| Material for this task |
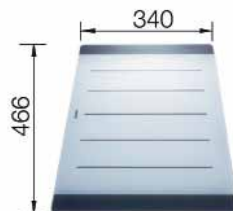

Im Lieferumfang enthalten:

- Schneidbrett aus Sicherheitsglas

- Tiefes Becken (T=18,5 cm)
- **Ausführung nur Becken rechts**
- Inkl. Drehexzenter
- 3 1/2" Korbventil
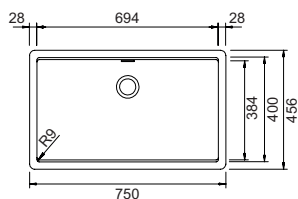

GALAXY N100XL

CRISTADUR®

Base **800**
Misura **750x456**
Vasca **694x400x200**
Foro incasso **736x442**
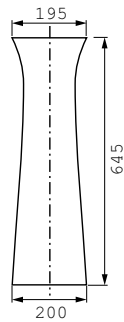

Вес нетто (кг)	8,01
Вес брутто (кг)	8,52
Количество штук в паллете	48
Вес паллеты (кг)	408,96

PO-E50/55/60

ЕКО пьедестал для раковин

Размеры: 20 x 64,5 см
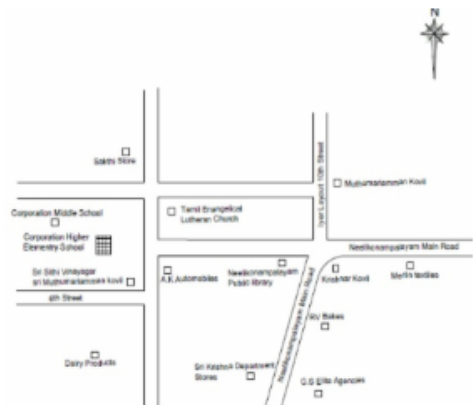

Google Map View

Polling Station Building Front View

Polling Station Front View

Cad View

Minimum Basic Facility	Water	Ramp	Flag Posts	Toilet	Medicine	Connectivity
✓	✓	✓	✓	✓	✓	✓

Key MAP View

சட்டமன்றத் தொகுதியின் எண் மற்றும் பெயர் : 121-சிங்கநல்லூர் பிரிவு எண் மற்றும் பெயர் 1-வார்டு எண் 59 தனபால் லே அபுட 2
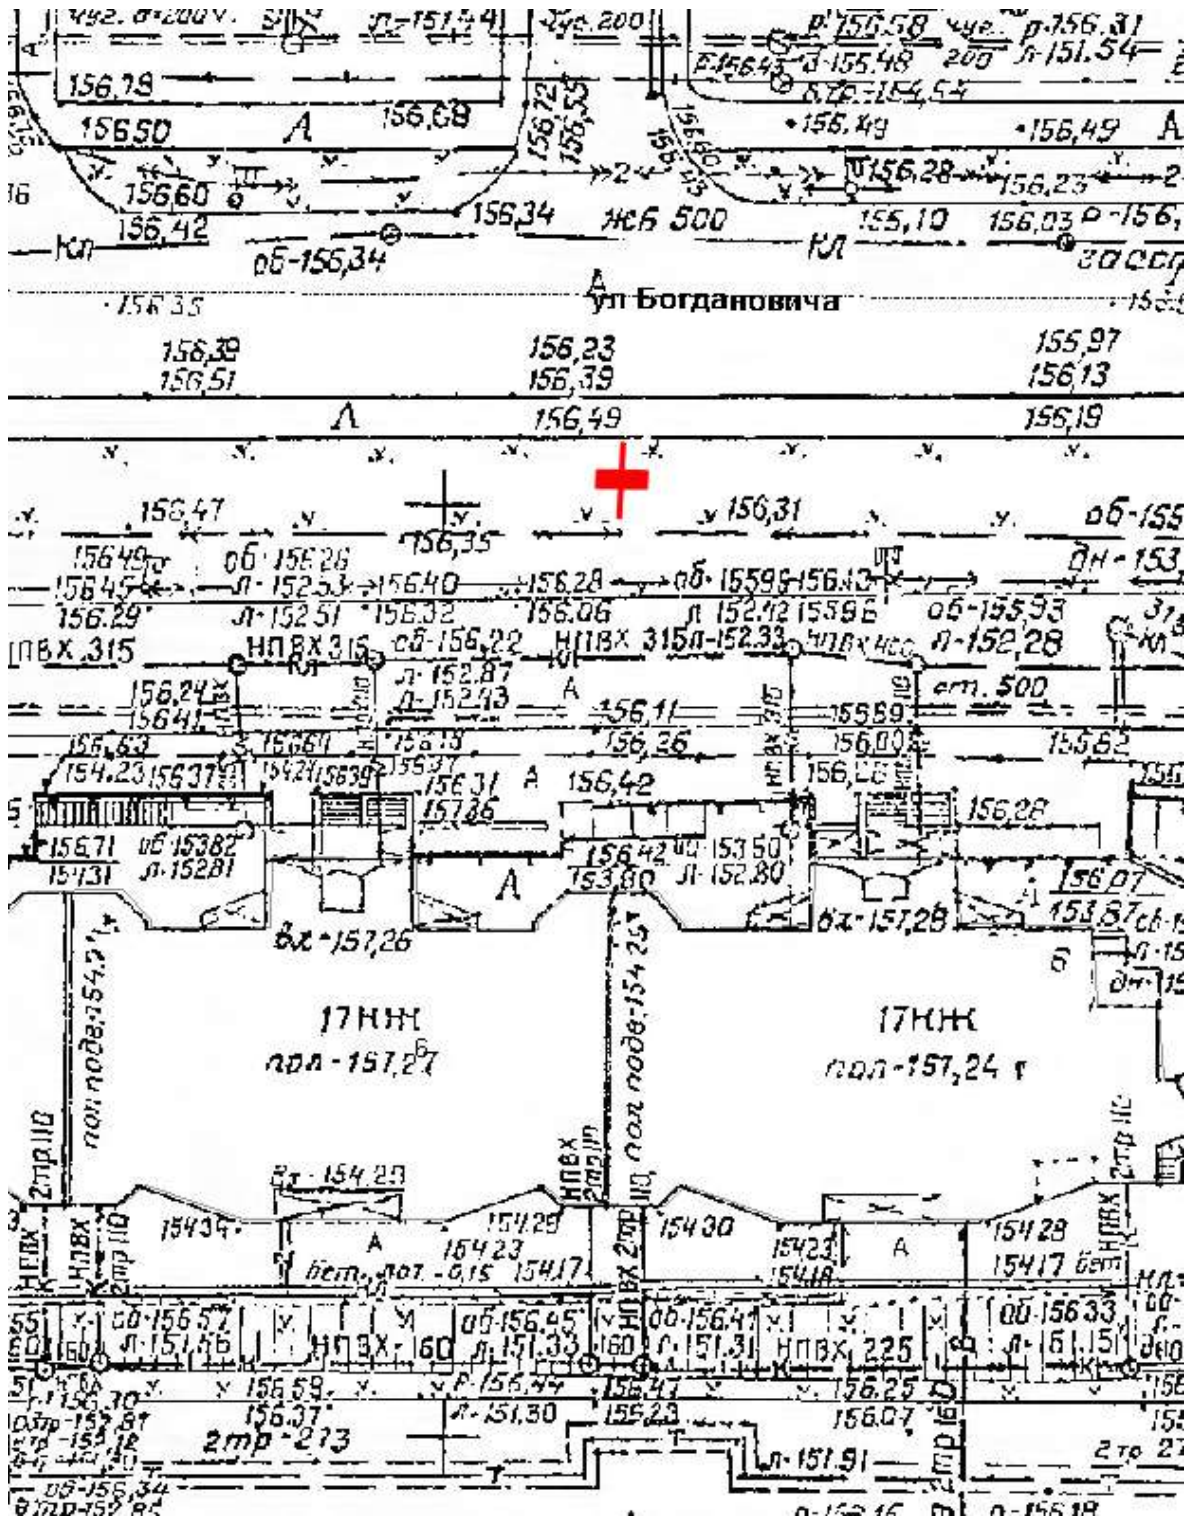

Щит 6х3

Адрес: Богдановича ул., 6 поз.1

Выкопировка из генплана города в М 1:500 с указанием места установки рекламной конструкции:
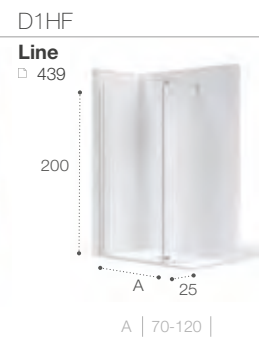

Mamparas

Guía rápida

Paneles para ducha (Walk-in)
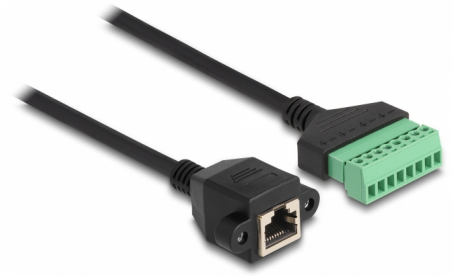

# Delock RJ45-kabel Cat.6 hona till anslutningsplintadapter för inbyggnad 30 cm 2-delad

## Beskrivning

Kabel från Delock som kan användas som förlängning och ansluta olika nätverksenheter. Trådar med skalade ändrar kan således anslutas via terminalblocket. Det skruvbara RJ45-jacket kan fästas, t.ex. på ett spårfäste eller ett hölje med en passande utskärning.

## Specifikationer

- Anslutning:
  - 1 x RJ45 hona med muttrar
  - 1 x 8-stifts terminalblock
- Delningsavstånd: 3,50 mm
- Stifttilldelning: 1:1
- Cat.6 specifikation
- Oskärmad (UTP)
- Sladdstorlek: 26 AWG
- Längd: ca 30 cm
- Material: PVC
- Färg: svart / grön

## Physical characteristics

Delningsavstånd:	3,50 mm
Conductor gauge:	26 AWG
Material:	PVC
Längd:	30 cm
Färg:	schwarz / grün
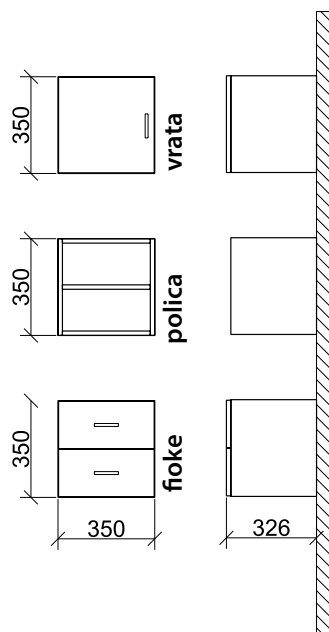

350 KX

350 KX , korpa | polica
350 KX cabinet, basket | shelf

600C

Poluvertikala sa 2 foke|cabinet with 2 drawers

poluvertikala sa 4 foke
|cabinet with 4 drawers

SVI ELEMENTI
IZLOŽENI U
KOMPLETIMA,
DOSTUPNI SU
U PRODAJI I
POJEDINAČNO
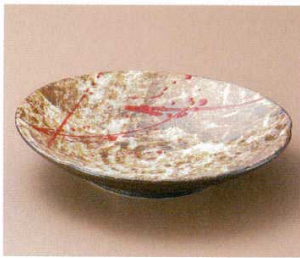

Catalogue No.
20409-31

Large/Medium bowl (Square/Round) ●大鉢・盛鉢 (正角・丸) 17~23cm

31

03101-177 美の伊賀釉7.0盛鉢
5,200円 20人 (22.3×7.5cm)

03102-027 いぶし金7.5ボール
4,200円 20人 (22.3×7.8cm)
03103-027 いぶし金6.5ボール
3,380円 30人 (19.7×7cm)

03104-147 織部デিশュ
4,000円 30人 (22.5×3.7cm)

03105-527 赤濃山茶花7.0鉢
3,900円 40人 (22×4.3cm)

03106-137 志野赤飛ばし三ツ押7.5寸深皿
3,100円 30人 (22.5×4.5cm)

03107-197 千段十草7.0ボール
3,100円 30人 (21.8×8cm)
03108-197 千段十草6.0ボール
1,380円 40人 (17.8×6.6cm)

03109-667 トルコブルー7.3ボール (信楽焼)
3,100円 20人 (22×7cm)

03110-177 くじゃく釉菊彫楕円鉢
2,900円 40人 (22.5×16.5×5cm)

03111-027 黒銀手造風大鉢
2,900円 20人 (22×21×9cm)

03112-027 ゆず志野7.0ボール
2,900円 20人 (21.8×8.3cm)
03113-027 ゆず志野6.5ボール
1,930円 24人 (19.6×7.2cm)
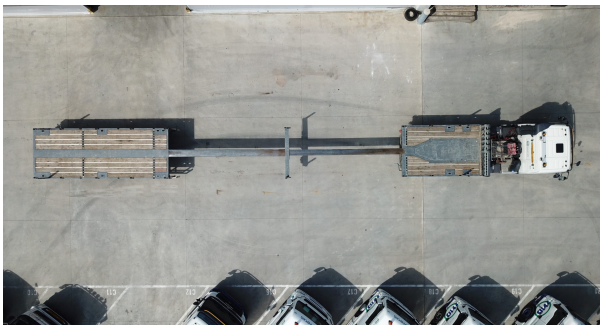

SP08 - Plateau - Extensible - Directionnelle

Semi plateau extensible avec essieux directionnels

Nom - n°	SP8
Selette adaptée	Haute
Poids à vide de la semi non équipée (kg)	9.500
Charge utile moyenne avec tracteur solo (kg)	26.000
Hauteur max sur plateau avant (m)	1.50
Hauteur max sur plateau arrière (m)	1.48
Longueur plateau minimale (m)	11.00
Longueur plateau maximale (m)	22.40
Essieu	Directionnel
Nombre piquets	12
Taille piquets	1.00
Manitou	Non
Equipements divers	Télécommande
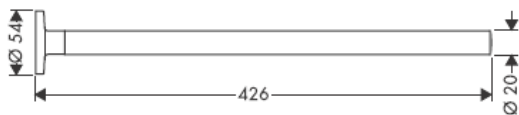

Komplektā esošās skrūves un dībeļi ir paredzēti tikai šī izstrādājuma nostiprināšanai.

Ja sienas konstrukcija ir citāda, jāievēro dībeļu ražotāja norādījumi.

41528XXX

41520XXX

Dekoratīvais gredzens ir tikai hroma/zelta variantam!
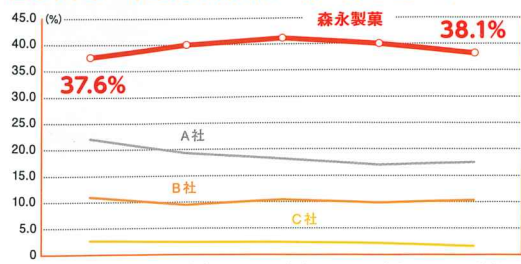

森永ホットケーキミックス

森永ホットケーキミックスには こだわりの詰まった“包容力”がある

■ホットケーキミックス市場 メーカー別市場シェア

インテージSRI+プレミックス ホットケーキ・パンケーキ 全国累計販売金額 2019/3～2024/2
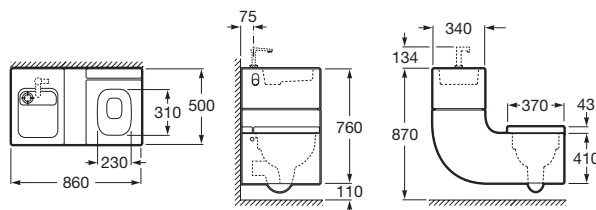

W+W vám oproti bežnému splachovaniu 6/3 l ušetrí 25 % vody!

Použitie W+W má tri možné varianty: 1. spláchnutie čistou vodou, 2. spláchnutie vodou ľahko znečistenou po použití umývadla (v prípade, že použijeme viac ako 4 litre vody, ktorá sa už nevojde do WC nádržky, prebytočná voda odteká do odpadu), 3. odvedenie silno znečistenej vody priamo do odtoku (voda nejde do nádržky WC).

Zjednodušený popis fungovania W+W: voda použitá v umývadle W+W prechádza exkluzívnym odtokovým čistiacim systémom. Vďaka filtračnému systému sú po použití umývadla od vody oddelené väčšie nečistoty. Voda sa dostane do malej nádržky, kde je úplne vyčistená. Táto nádržka je prepojená s WC nádržkou, kam sa dostane už čistá voda, ktorá je úplne hygienická a pripravená na spláchnutie toalety. Touto jedinečnou technológiou dosiahneme opakované použitie vody, čo je z hľadiska ekológie prevratné riešenie.

Batéria SINGLES-PRO: súčasťou W+W konceptu je aj špeciálna batéria s prietokom vody 9 l/min., ktorá zásadným spôsobom šetrí vodu. Vždy spúšťa najprv studenú vodu a postupne prechádza na teplú vodu. Prúd vody je stále rovnaký. Takto ušetríte 25 % vody a energie!

- FILTRAČNÝ SYSTÉM
- NÁDRŽKA NA DEZINFEKČNÝ PROSTRIEDOK
- NÁDRŽKA NA ÚPRAVU VODY
- WC NÁDRŽ

| Required work |
Starting with the line that contains "Paneles para ducha (Walk-in)" and finishing with the line that contains "DOSTUPNI SU", reproduce every line of the material above exactly, but not the pictures.

| Answer for the task |
Paneles para ducha (Walk-in)

# Delock RJ45-kabel Cat.6 hona till anslutningsplintadapter för inbyggnad 30 cm 2-delad

## Beskrivning

Kabel från Delock som kan användas som förlängning och ansluta olika nätverksenheter. Trådar med skalade ändrar kan således anslutas via terminalblocket. Det skruvbara RJ45-jacket kan fästas, t.ex. på ett spårfäste eller ett hölje med en passande utskärning.

## Specifikationer

- Anslutning:
  - 1 x RJ45 hona med muttrar
  - 1 x 8-stifts terminalblock
- Delningsavstånd: 3,50 mm
- Stifttilldelning: 1:1
- Cat.6 specifikation
- Oskärmad (UTP)
- Sladdstorlek: 26 AWG
- Längd: ca 30 cm
- Material: PVC
- Färg: svart / grön

## Physical characteristics

Delningsavstånd:	3,50 mm
Conductor gauge:	26 AWG
Material:	PVC
Längd:	30 cm
Färg:	schwarz / grün

350 KX

350 KX , korpa | polica
350 KX cabinet, basket | shelf

600C

Poluvertikala sa 2 foke|cabinet with 2 drawers

poluvertikala sa 4 foke
|cabinet with 4 drawers

SVI ELEMENTI
IZLOŽENI U
KOMPLETIMA,
DOSTUPNI SU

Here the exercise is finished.